▶ **Work task**
Wherever an image appears in the records, exclude it, and reproduce everything else exactly.

▶ **Given data**
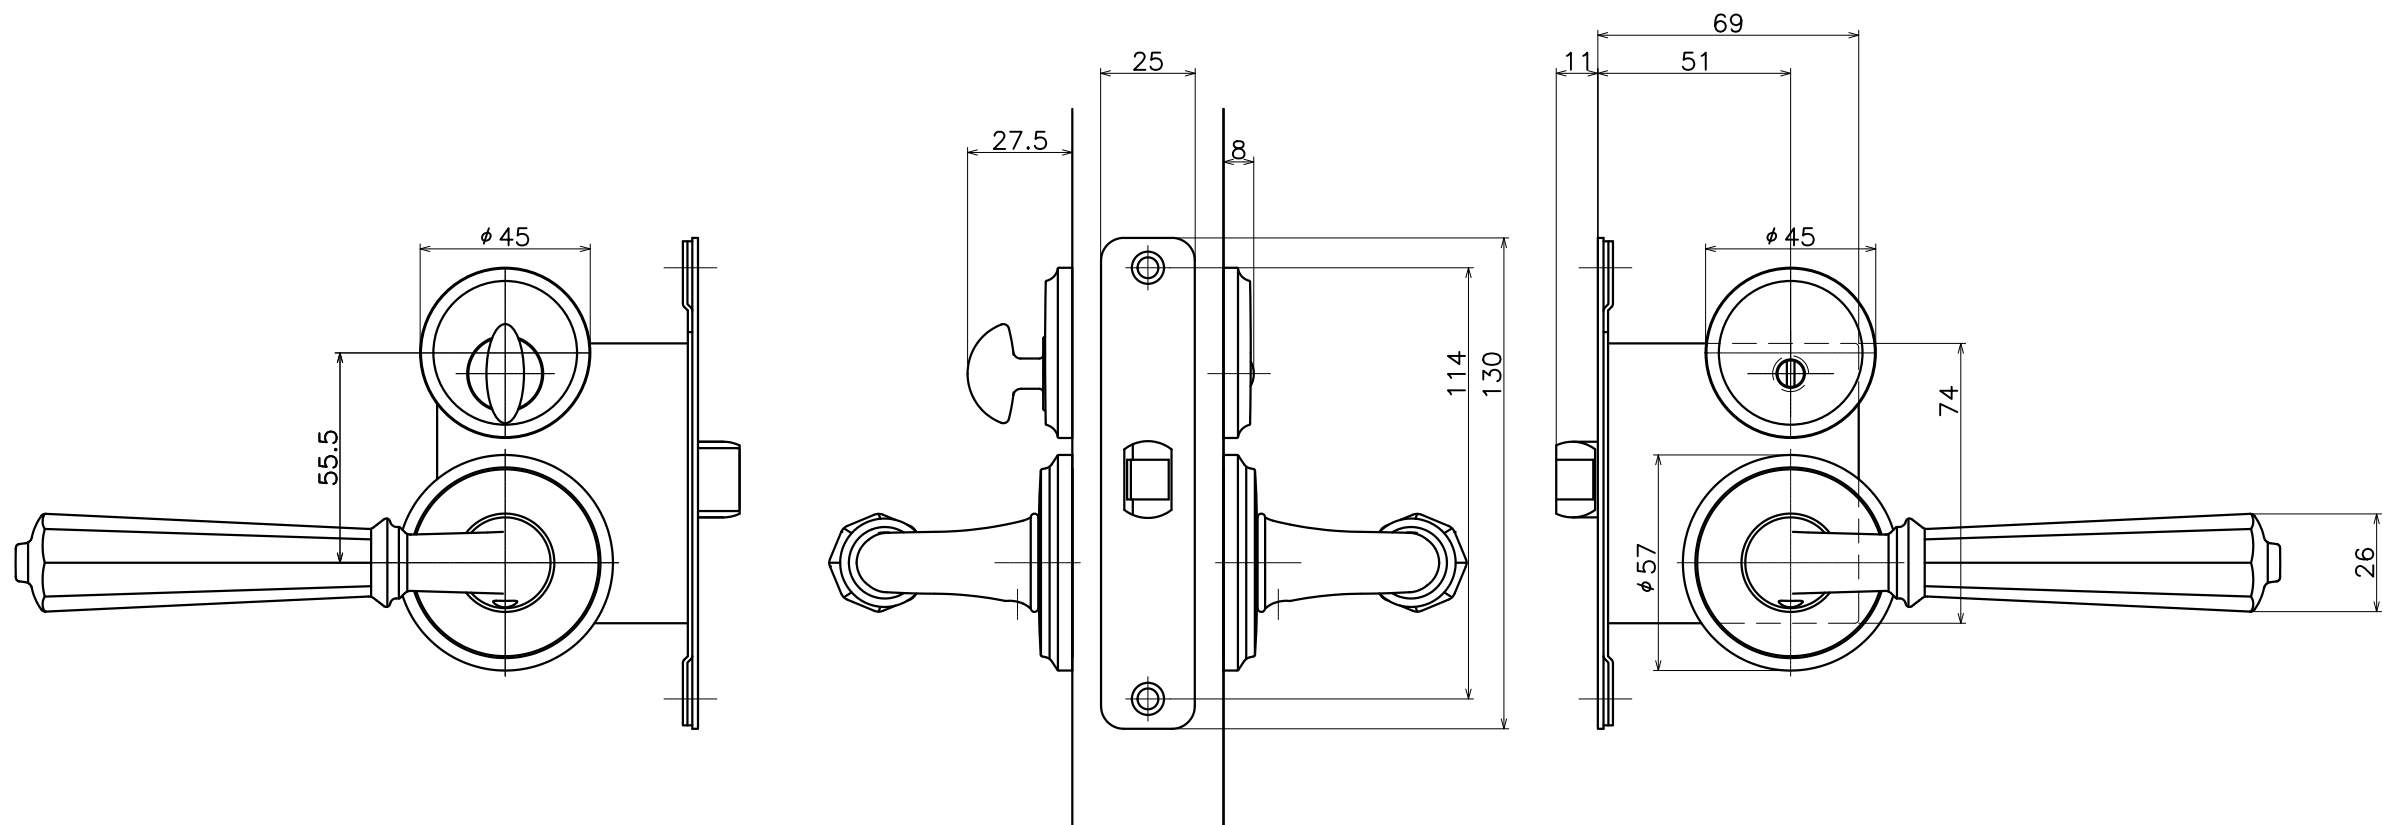

# 2-K5B-X-LJ

表面処理	コード
本金メッキ	2-5KB-G-LJ
サテンニッケル	2-5KB-N-LJ
ダークアンバー	2-5KB-4Q-LJ

Product name	Name	Code
レバーハンドルセット	-	表参照
Lever Handle Set	-	Ver01
<b>KAWAJUN</b> 河渾株式会社	Dim	Geo
	s= 1:2	外形図
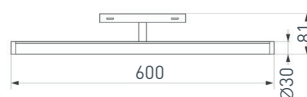

Светильник для магнитных треков MAG-ORIENT шириной 26 мм. Мощность 6 Вт, св. поток 555 лм, 92 лм/Вт, дневной 4000 К, CRI>90, угол 24°, напряжение питания 48 В. Черный фигурный корпус из металла, экран из поликарбоната, степень защиты IP20. Длина светоизлучающего модуля 85 мм. Монтаж на трек MAG-ORIENT. Пульсация <1%. Размеры: 116×35×132 мм.

035670

MAG-ORIENT-TUBE-TURN-L600-20W
Day4000 (BK, 180 deg, 48V)
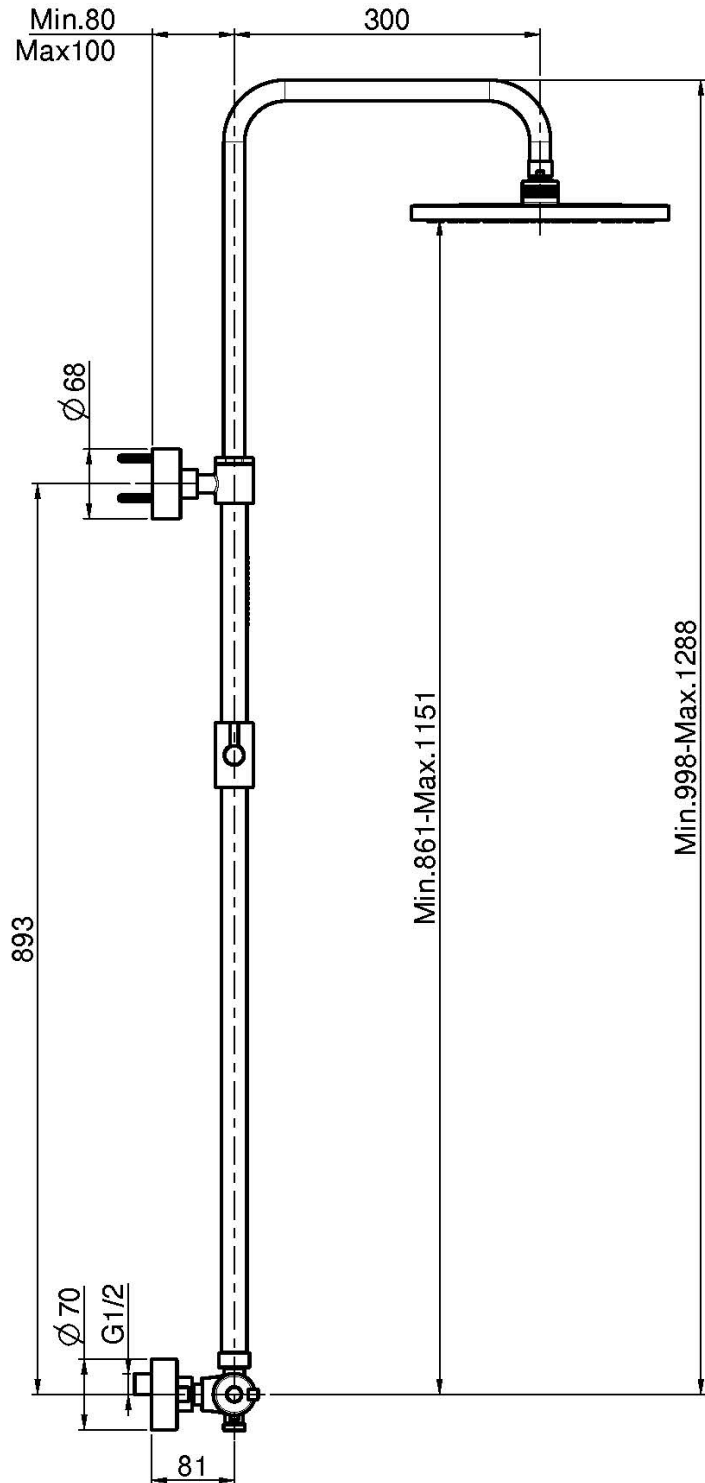

This drawing is the property of FIMA Carlo Frattini. Any complete or partial reproduction, or any transmission to third party without FIMA Carlo Frattini authorization is forbidden.
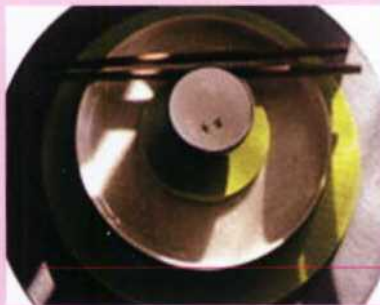

La tienda del CBA

En la tienda del Círculo de Bellas Artes puedes encontrar regalos muy originales. Por ejemplo, un Mikado gigante (11 euros), el pincel creativo fingermax (2 euros), prismas de madera (4,50 euros), subrayadores (2,50 euros) o bolsos reciclados de camisetas (12 y 15 euros). Alcalá, 42. X a V de 17 a 21 h. S de 12 a 14 y de 17 a 21 h. D de 11 a 14 h.
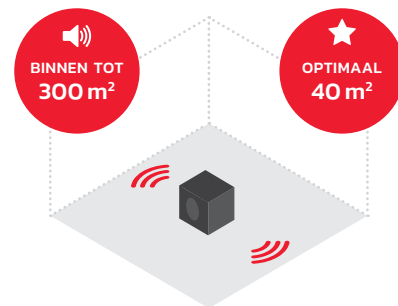

HOGE
IP NORM

2 JAAR
GARANTIE

Vormgegeven in
een compacte
behuizing

13
cm

18
cm

18
cm

GEWICHT
1.5 KG

De DabPro kan in
tal van werksituaties
ingezet worden

VULT DE MEEST VOORKOMENDE
WERKRUIJMTES

SENSATIONELE SOUND BINNEN 3 METER

ULTIMATE **SMALL**

AUDISSE

ADVANCED

SOLOWORKER

ESSENTIAL

WORKTUBE
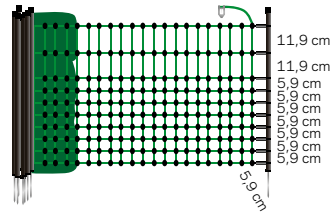

Konijnen-/Hobbynet

Afrasteringsnet voor konijnen en kleine huisdieren. Kan ook gebruikt worden voor bescherming van moestuin of akker. Compleet en eenvoudig te verbinden met meerdere netten. Lengte 25m, 9 palen.

▶ **Problem solution**
# 2-K5B-X-LJ

表面処理	コード
本金メッキ	2-5KB-G-LJ
サテンニッケル	2-5KB-N-LJ
ダークアンバー	2-5KB-4Q-LJ

Product name	Name	Code
レバーハンドルセット	-	表参照
Lever Handle Set	-	Ver01
<b>KAWAJUN</b> 河渾株式会社	Dim	Geo
	s= 1:2	外形図

Светильник для магнитных треков MAG-ORIENT шириной 26 мм. Мощность 6 Вт, св. поток 555 лм, 92 лм/Вт, дневной 4000 К, CRI>90, угол 24°, напряжение питания 48 В. Черный фигурный корпус из металла, экран из поликарбоната, степень защиты IP20. Длина светоизлучающего модуля 85 мм. Монтаж на трек MAG-ORIENT. Пульсация <1%. Размеры: 116×35×132 мм.

035670

MAG-ORIENT-TUBE-TURN-L600-20W
Day4000 (BK, 180 deg, 48V)

This drawing is the property of FIMA Carlo Frattini. Any complete or partial reproduction, or any transmission to third party without FIMA Carlo Frattini authorization is forbidden.

La tienda del CBA

En la tienda del Círculo de Bellas Artes puedes encontrar regalos muy originales. Por ejemplo, un Mikado gigante (11 euros), el pincel creativo fingermax (2 euros), prismas de madera (4,50 euros), subrayadores (2,50 euros) o bolsos reciclados de camisetas (12 y 15 euros). Alcalá, 42. X a V de 17 a 21 h. S de 12 a 14 y de 17 a 21 h. D de 11 a 14 h.

HOGE
IP NORM

2 JAAR
GARANTIE

Vormgegeven in
een compacte
behuizing

13
cm

18
cm

18
cm

GEWICHT
1.5 KG

De DabPro kan in
tal van werksituaties
ingezet worden

VULT DE MEEST VOORKOMENDE
WERKRUIJMTES

SENSATIONELE SOUND BINNEN 3 METER

ULTIMATE **SMALL**

AUDISSE

ADVANCED

SOLOWORKER

ESSENTIAL

WORKTUBE

Konijnen-/Hobbynet

Afrasteringsnet voor konijnen en kleine huisdieren. Kan ook gebruikt worden voor bescherming van moestuin of akker. Compleet en eenvoudig te verbinden met meerdere netten. Lengte 25m, 9 palen.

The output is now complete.